2. A machine as claimed in Claim 1 in which the aperture in the end wall is sealingly fitted with a bush which permits free rotation of the shaft therein, the bush having an internal diameter which is not greater than a maximum diameter and an axial length which is not less than a minimum axial length, said maximum diameter and said minimum axial length together defining a restricted flame-proof path around the shaft in accordance with a regulation appertaining to the environment in which the machine is to be operated, there also being an electrically insulating barrier between the shaft and the end wall of the housing extending across the whole axial length of the cylindrical surface.

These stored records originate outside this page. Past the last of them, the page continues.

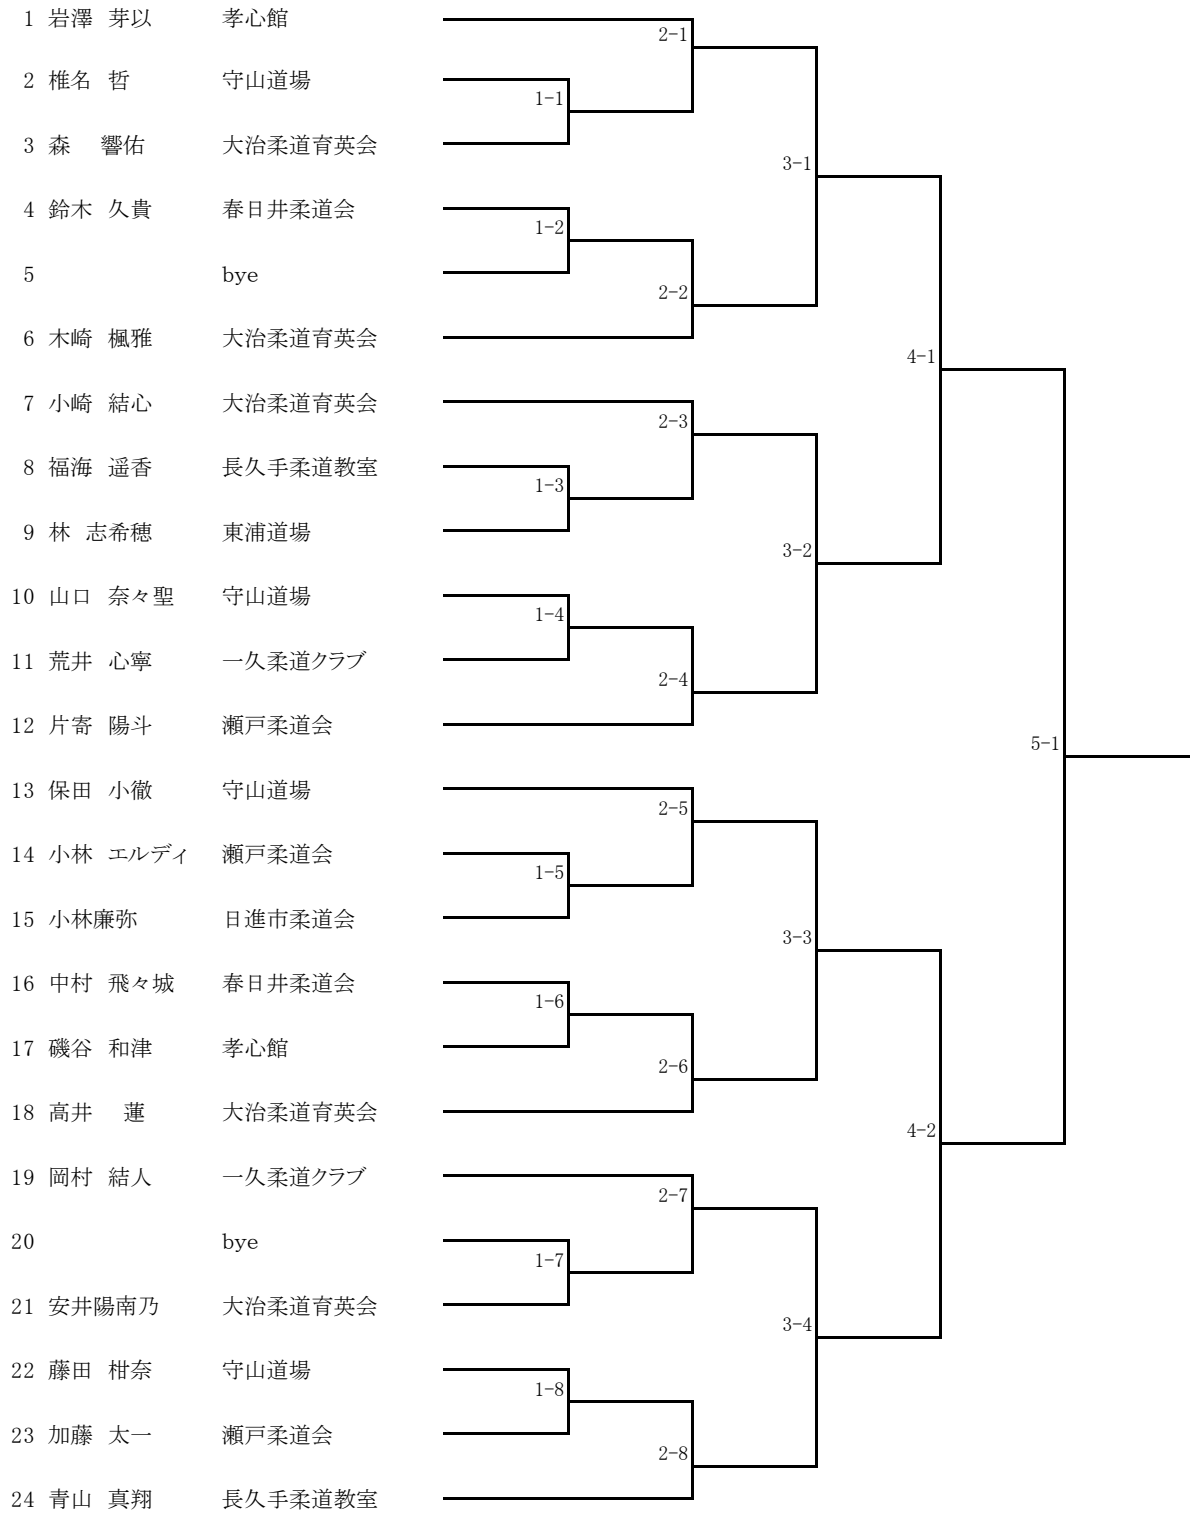

幼稚園の部

小学生1年の部

小学生2年の部

小学生3年の部

小学生4年の部

小学校5年の部

小学生6年の部

1	木村 恵子	一久柔道クラブ			2-1	
2	林 幸広	瀬戸柔道会	1-1			
3	鬼頭 葵	大治柔道育英会			3-1	
4	水草 琥太郎	孝心館			2-2	
5	牧野 豪	長久手柔道教室				4-1
6	青柳 綜峻	大治柔道育英会			2-3	
7	松永 陽輝	東浦道場	1-2			
8	富田 豪	孝心館			3-2	
9	安田茉莉	日進市柔道会	1-3			
10	渡邊 蒼來	孝心館			2-4	
11	島原 知花	長久手柔道教室				5-1
12	森 奏穂	大治柔道育英会			2-5	
13	池田 恵菜	一久柔道クラブ	1-4			
14	井出 大智	孝心館			3-3	
15	水越 芽衣	春日井柔道会	1-5			
16		bye			2-6	
17	西井 奏	孝心館				4-2
18	小網 俐駈	瀬戸柔道会			2-7	
19		bye	1-6			
20	滝沢 雄真	長久手柔道教室				3-4
21	横山 莉愛	東浦道場	1-7			
22	福岡芽依	日進市柔道会			2-8	
23	岩澤 斗成	孝心館				

第2回長久手市柔道大会
令和6年11月24日(日)
長久手市秋ヶ池体育館

中学生男子の部

中学生女子の部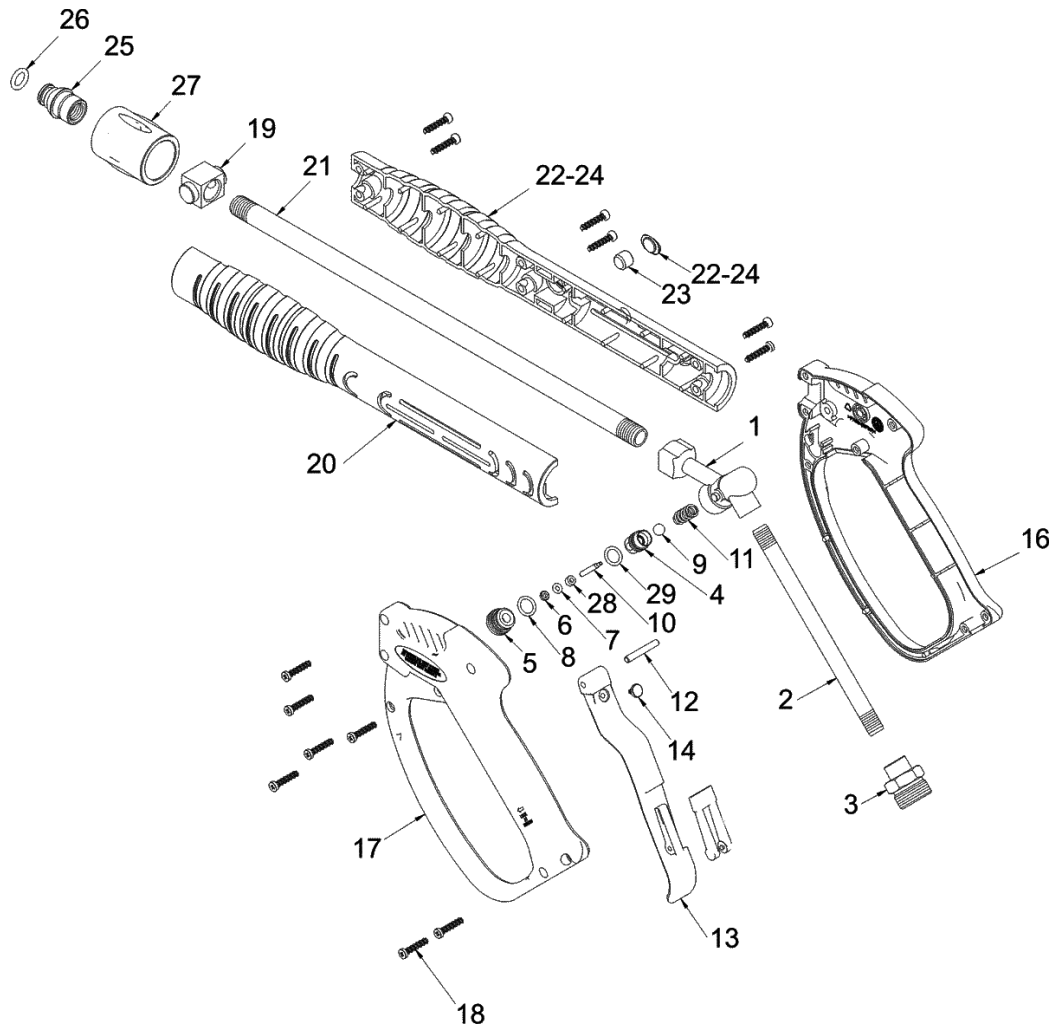

Ref.	K	Part N.	Customer Part N.	Description	Qty	Validity:		Price
						From	To	
0001		PVVR40032		GUN BODY MV2005 G1/4	1,00			--
0002		PVVR40033		TUBE D.10X1.5 L=146	1,00			--
0003		RCIN40004		MALE COUPLING G1/4 -1/4F MV	1,00			--
0004	S	PVVR40034		BUSHING MV2005	1,00			--
0005		PVVR40035		CAP M16X1 MV2005	1,00			--
0006	S	GUVR40007		ANTI-EXTR.RING D. 3 NBR90	1,00			--
0007	S	GUGO19189		O-RING D. 2.90 X 1.78 NBR 70SH	1,00			--
0008		GUGO01436		O-RING D. 9.25 X 1.78 NBR 90SH	1,00			--
0009	S	SFVR12904		BALL D. 9/32 W1 INX	1,00			--
0010	S	PVVR45058		SMALL PISTON MV 832 INX	1,00			--
0011	S	MLML45057		SPRING D. 7 MV870	1,00			--
0012		VTVR40004		PLUG D. 3X23	1,00			--
0013		MPVR40060		TRIGGER MV2005	1,00			--
0014		PVVR45053		PAWL G 2100 INX	1,00			--
0016		MPVR40062		SHELL MV2005 2PZ.	1,00			--
0017		MPVR40062		SHELL MV2005 2PZ.	1,00			--
0018		VTVT62984		SCREW TC-CR M 4.2 X19 ZN	13,00			--
0019		PVVR40036		CONNECTOR M10X1 MV2005	1,00			--
0020		MPVR40063		PROTECTION MV 181 2PZ.	1,00			--
0021		PVVR40037		TUBE G 1/4 MV L=340	1,00			--
0022		MPVR40063		PROTECTION MV 181 2PZ.	1,00			--
0023		VTVT01523		CARRYNG BAG	1,00			--
0024		MPVR40063		PROTECTION MV 181 2PZ.	1,00			--
0025		RCIN40003		GUDGEON G 1/4 F IRV MV126	1,00			--
0026		GUGO28927		O-RING D. 9.13 X 2.62 NBR 70SH	1,00			--
0027		PVVR40038		CONNECTION M22X1,5 IRV MV181	1,00			--
0028	S	PVVR40039		PISTON GUIDE MV2005	1,00			--
0029	S	GUGO19398		O-RING D. 8.73 X 1.78 VIT 70SH	1,00			--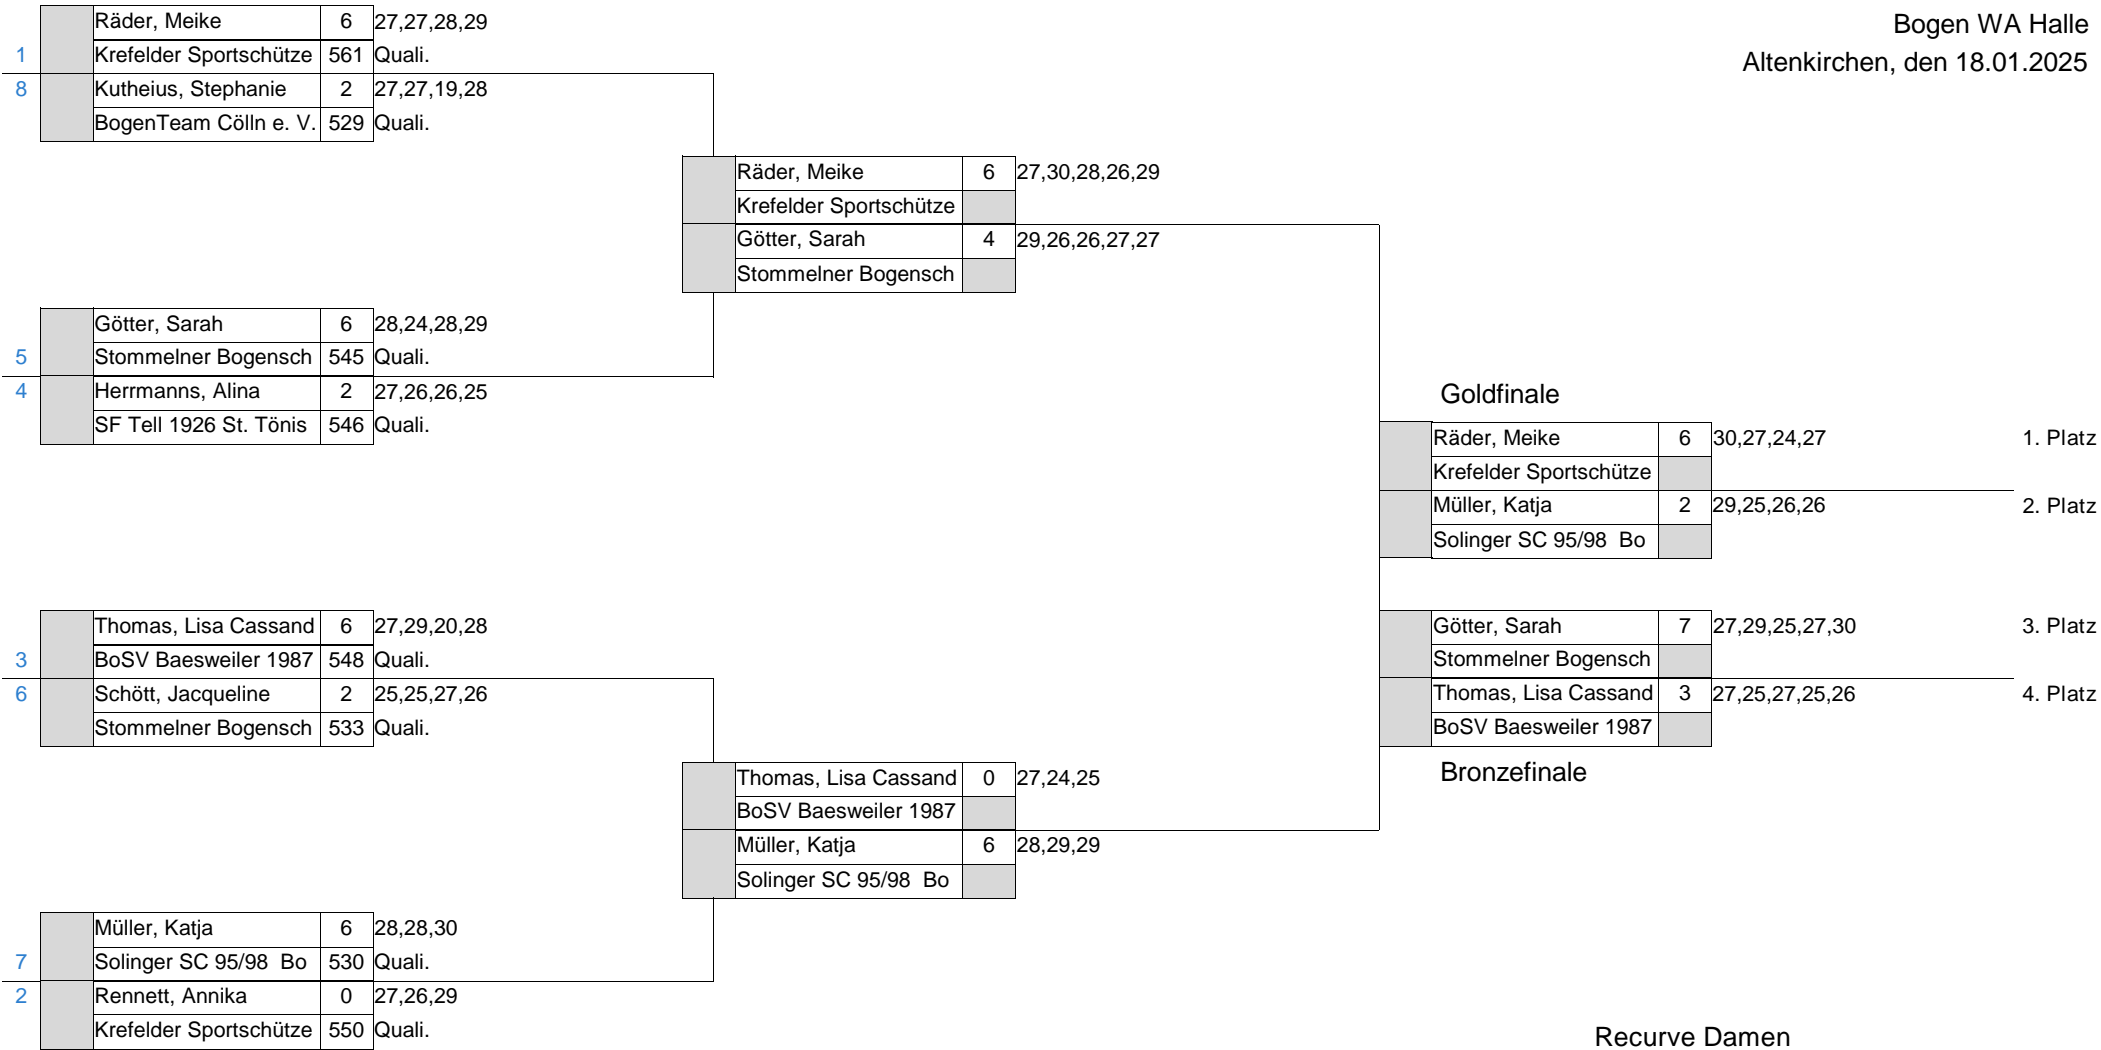

Recurve Damen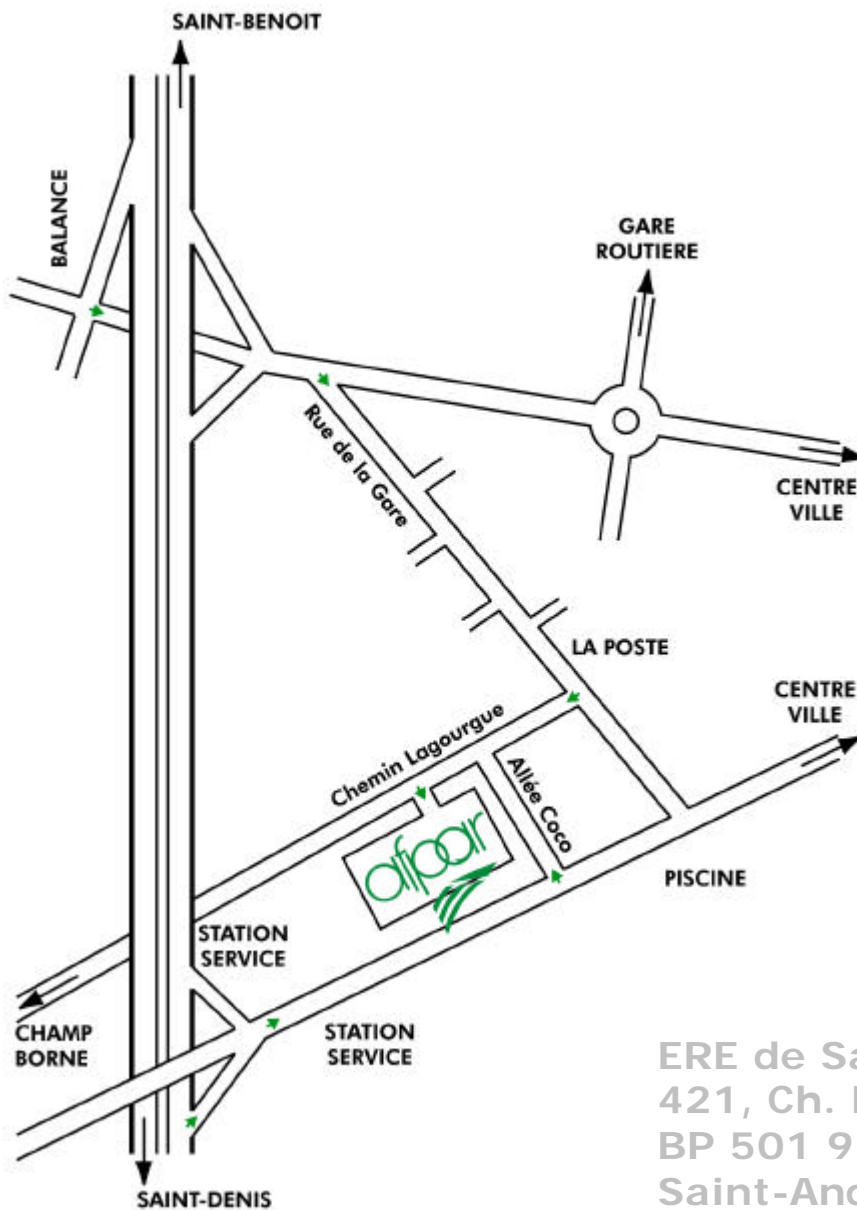

Plan d'accès à l'ERE de Saint-André

ERE de Saint-André
421, Ch. Lagourgue
BP 501 97440
Saint-André

tél. : 0262 58 80 00
fax : 0262 58 80 01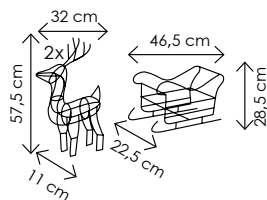

Numar articol	Sursa de energie	Tensiune nominală (V)	Putere (W)	Număr LED (buc)	Culoare LED
298008	adaptor rețea de exterior · lungime cablu: 3 m	24 DC	3,6	120	alb rece
298072	adaptor rețea de exterior · lungime cablu: 5 m	30 DC	2,7	120 + 15x intermitent led	alb rece
298073	adaptor rețea de exterior · lungime cablu: 5 m	30 DC	2,7	120 + 15x intermitent led	culoare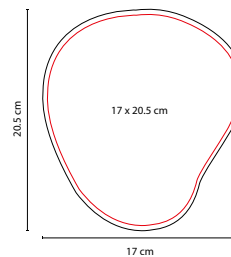

MOP 004

MOUSE PAD **BEAN**

MATERIAL: Poliuretano
MEDIDA: 17 x 20.5 cm
ÁREA DE IMPRESIÓN: 17 x 20.5 cm
TÉCNICA DE IMPRESIÓN: Serigrafía /
Sublimación sólo en Color Blanco

COLORES: A/B/N/R
 COLORES PAN: A/B/N/R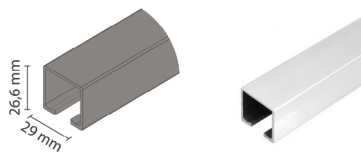

Úchytová lišta INTERO

- > oboustranný profil - obě strany jsou pohledové
- > úchytovou lištu lze doplnit o úzký dorazový kartáček k nalepení
- > materiál: hliník
- > délka: 2,7 m

BARVA	KÓD
hliník	032439

DOPORUČENÉ PRODUKTY A PŘÍSLUŠENSTVÍ

Horní vedení K-075

- > nepohledové (vhodné zakrýt garnýží či krycí lištou)
- > materiál: hliník

DÉLKA (M)	KÓD
2	034908
3	042063
4	034486
6	035210

Uchycení horního vedení K-075

- > váha křídla ≤ 40 kg = rozestup 50 cm
- > váha křídla > 40 kg, max. 100 kg = rozestup 25 cm
- > materiál: ocel

TYP	PRODUKT	ARETACE	DISTANČNÍ	KÓD
nástěnný	SKL-M5	ANO	ANO	625574
	SKL-075	NE	ANO	104506
stropní	KK-075	NE	NE	014909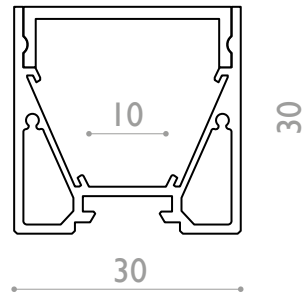

ALPHA

Profile with optics
Profil aluminium avec optiques

A397I

Puissance maxi	Power max
	40 w/m
Dimensions	Dimensions
	30 x 30 mm
Longueur maximale	Max.length
	3000 mm
Température d'utilisation	Ambiant temp.
	- 10°C / + 40°C

A397I.P14
Profil asymetric 14°

A397I.PSY
Profil symmetric

A397I.CLP
Clips plastic

A397I.KSU
Kit suspension (x2)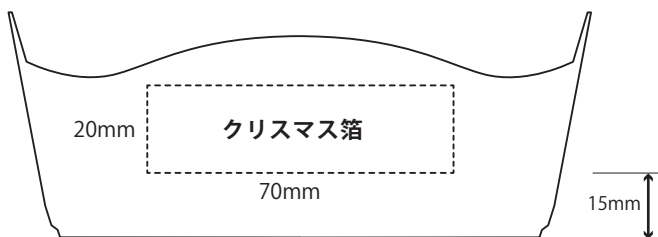

返信 FAX 050 - 3777 - 6632

ご注文締め切り日 10月30日 ▶▶▶ 納品は11月中です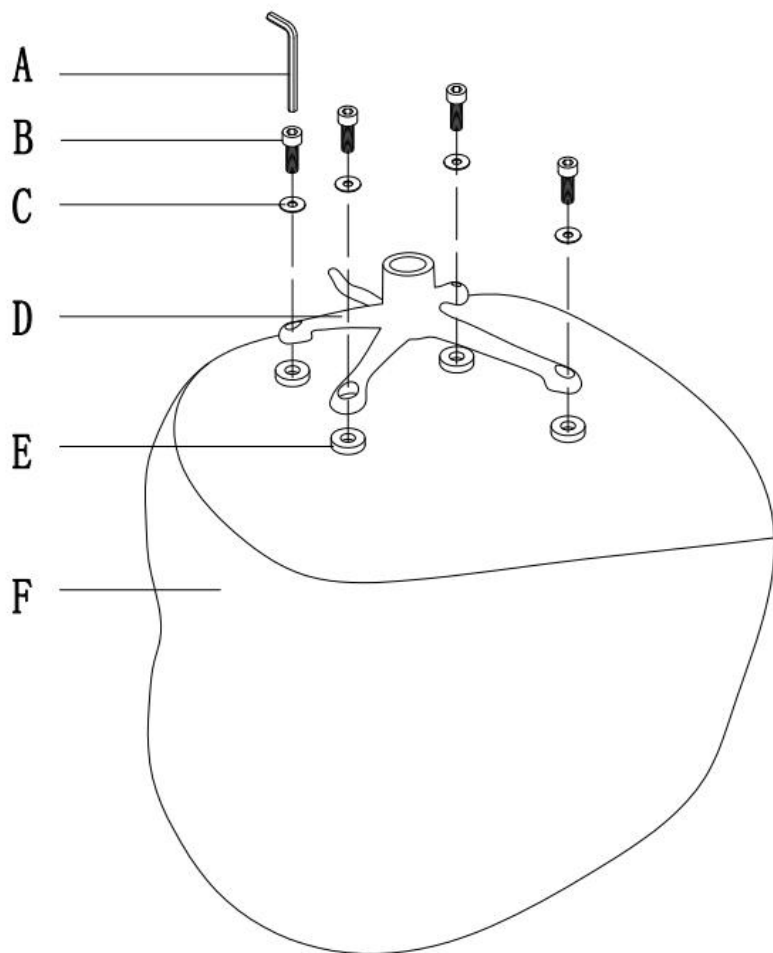

10 min

x1

x1

Ax1(#5)

Bx4(M6*30)

Cx4

Dx1

Ex4

Fx1

Gx1

Hx1

①

②

③

Press to adjust lifting↑

Apretar para ajustar altura↑

3. A machine as claimed in Claim 2 having an electrically insulating surface extending over the outer end face of the bush, the outer end surface of the end wall or the cylindrical surface of the shaft end outboard of the bush for a radial or axial distance respectively from the flame-proof path defined between the cylindrical surfaces of the bush or said end wall and the shaft end sufficient to prevent the establishment of a by-pass electrical path between the shaft and the end wall of the housing across the electrically insulating barrier as a result of the presence of a contaminant material externally of the end wall.

4. A rotary electrical machine constructed and arranged substantially as described herein with reference to either Figure 1 or Figure 2 of the accompanying drawings.